## Task item
The full listing is to be returned exactly as given, but without pictures.
----
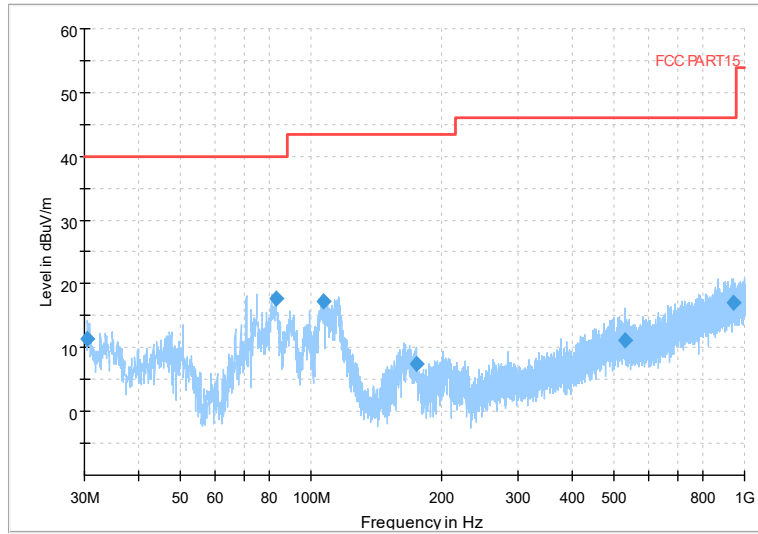

Full Spectrum

Frequency Range: 6GHz -18GHz
Detector: Av mode and PK mode
Test Mode: 802.11ax(HE20)

Full Spectrum

Frequency Range: 18GHz -40GHz
Detector: Av mode and PK mode
Test Mode: 802.11ax(HE20)

Carrier frequency (MHz): 5300
Channel No.:60

Full Spectrum

Frequency Range: 30MHz -1GHz
Detector: Av mode and PK mode
Modulation type: 802.11a

Full Spectrum

Frequency Range: 1GHz -6GHz
Detector: Av mode and PK mode
Modulation type: 802.11a

Full Spectrum
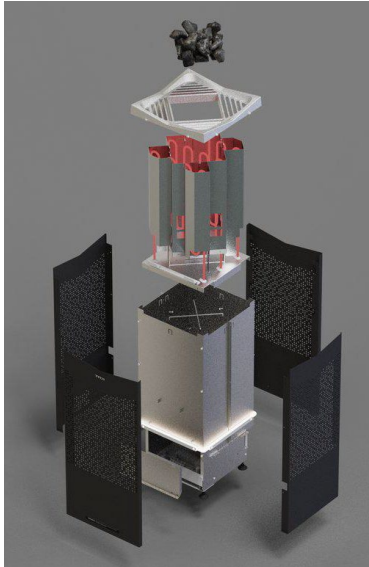

Ölçüleri / Dimension	Output	Sauna hacmi / volume	Taş / Stone	h*	a**
365 x 365 x 806 (h) mm	6,6 kW	4 – 8 m³	20 kg	1900 mm	50 mm
365 x 365 x 806 (h) mm	8,0 kW	6 – 12 m³	20 kg	1900 mm	50 mm
365 x 365 x 806 (h) mm	10,5 kW	10 – 18 m³	20 kg	1900 mm	50 mm

h*: minimum. Tavan yüksekliği, minimum ceiling height

a**: minimum yan duvara mesafe / minimum distance from side wall
----
## Task response
Full Spectrum

Frequency Range: 6GHz -18GHz
Detector: Av mode and PK mode
Test Mode: 802.11ax(HE20)

Full Spectrum

Frequency Range: 18GHz -40GHz
Detector: Av mode and PK mode
Test Mode: 802.11ax(HE20)

Carrier frequency (MHz): 5300
Channel No.:60

Full Spectrum

Frequency Range: 30MHz -1GHz
Detector: Av mode and PK mode
Modulation type: 802.11a

Full Spectrum

Frequency Range: 1GHz -6GHz
Detector: Av mode and PK mode
Modulation type: 802.11a

Full Spectrum

Ölçüleri / Dimension	Output	Sauna hacmi / volume	Taş / Stone	h*	a**
365 x 365 x 806 (h) mm	6,6 kW	4 – 8 m³	20 kg	1900 mm	50 mm
365 x 365 x 806 (h) mm	8,0 kW	6 – 12 m³	20 kg	1900 mm	50 mm
365 x 365 x 806 (h) mm	10,5 kW	10 – 18 m³	20 kg	1900 mm	50 mm

h*: minimum. Tavan yüksekliği, minimum ceiling height

a**: minimum yan duvara mesafe / minimum distance from side wall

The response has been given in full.